The prohibition of the entry of women in the sanctum sanctorum of the temple based on the specified age group does not constitute the practice of untouchability by the State.


Understanding the doctrine of ‘Essential Religious’ practices

According to the Constitution of India, there is a clear and absolute demarcation between those “practices which are secular in nature and those which form the basis of a religion”. Essential religious practices include beliefs and practices which are quintessential to the essence of a particular religion and are thus protected under Article 25 of the constitution.[19]
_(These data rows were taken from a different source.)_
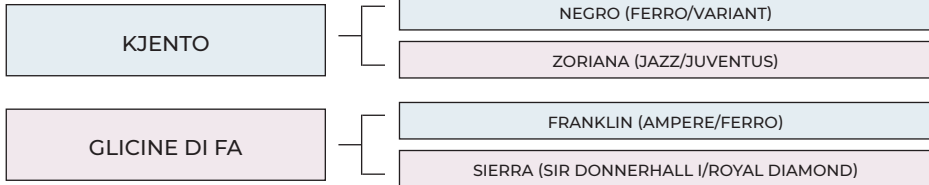

## 15 - ODETTA DI FA

04/05/2023

SEX	COLOUR	BREEDER/OWNER	EMBRYOTRANSFER
Female	Black	Allevamento Fonteabeti S.S.	Coco

GLAMOURDALE	LORD LEATHERDALE (LORD LOXLEY/FERRAGAMO)
	THUJA (NEGRO/AHORN)

ITALA DI FA	KNOCKOUT (EXPRESSION/FERRO)
	PIE'S FUNNY FACE (FÜRST NYMPHENBURG/DE NIRO)

## 16 - ADELLE

23/04/2023

SEX	COLOUR	BREEDER/OWNER	EMBRYOTRANSFER
Female	Black	Giorgia Passeti	Berenice
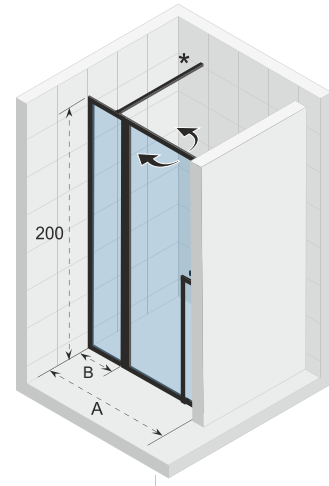

Niche door, opens in and out. The hinge side of the door is reversible.

Hardened glass with Riho-Shield

Parts are reversible

Thickness of the glass is 6 mm

CE approved, according to EN12150-1

Profile at the bottom acts as a dam against water spraying on the showertray and splashes of water

Magnetic closing of the door

Door with lift mechanism

Article number Matt black	H x W (cm)	A (cm)	Glass (mm)
G005001121	200 x 80	78,3 - 80,7	6
G005002121	200 x 90	88,3 - 90,7	6
G005003121	200 x 100	98,3 - 100,7	6

Fixed wall (30 cm wide) with niche door, open in and out. The hinge side of the door is reversible.

Hardened glass with Riho-Shield

Parts are reversible

Thickness of the glass is 6 mm

Left = right (hinge side reversible)

The crux of the fact in this case were the two notifications that had been released by the Travancore Devaswom Board. One of them barred the entry of those devotees who could not follow the 41 days Vratham- a traditional practice followed by Ayyappa devotees where devotees 'quarantine’ themselves from the outside world, and the second notification, which barred female devotees who had reached the menstrual age.[20]


In 1965, the Kerala Hindu Places of Public Worship Act[21] was enacted in order to govern the effortless entry of Hindu devotees belonging to all classes and sections. According to the custom, the completion of Vritham is the fundamental requirement in order to worship the deity. Such practice has not evolved in a decade but was followed even before the institution of the Constitution. The Hon’ble Bench has placed more reliance upon the procedure and has completely ignored the objective. The objective is the fulfilment of the 41 days vow in order to worship the celibate Lord Ayyappa. The “Satvic lifestyle” & “brahmacharya” for these 41 days does constitute an essential religious practice.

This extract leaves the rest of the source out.